Beginning with the line that mentions "引出/不織布・プリント紙化粧繊維版", reproduce every line through the last line of the entries, exactly, and only those.

Segment Start: Dataset records

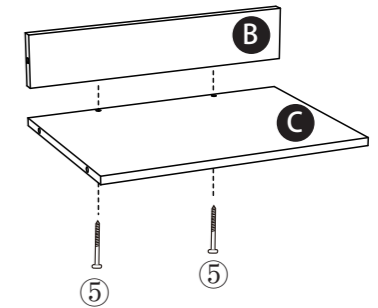

【品質表示】

品名：44幅 薄型ファブリックチェスト ブレイクスルー
 サイズ：幅44×奥行29×高さ92cm
 材質：本体/スチール・プリント紙化粧繊維版
 引出/不織布・プリント紙化粧繊維版
 原産国：中国
 販売元：株式会社 マナベインテリアハーツ
 大阪府高槻市東上牧1-2-1

1 3セット組み立ててる。

① 6個 ⑨ 1個

2

⑤ 2個 ⑨ 1個

3 ネジは8割ぐらいを目安に仮止めする。
使用する状態にして、しっかり締める。

Segment End: Dataset records

Task result:
 引出/不織布・プリント紙化粧繊維版
 原産国：中国
 販売元：株式会社 マナベインテリアハーツ
 大阪府高槻市東上牧1-2-1

1 3セット組み立ててる。

① 6個 ⑨ 1個

2

⑤ 2個 ⑨ 1個

3 ネジは8割ぐらいを目安に仮止めする。
使用する状態にして、しっかり締める。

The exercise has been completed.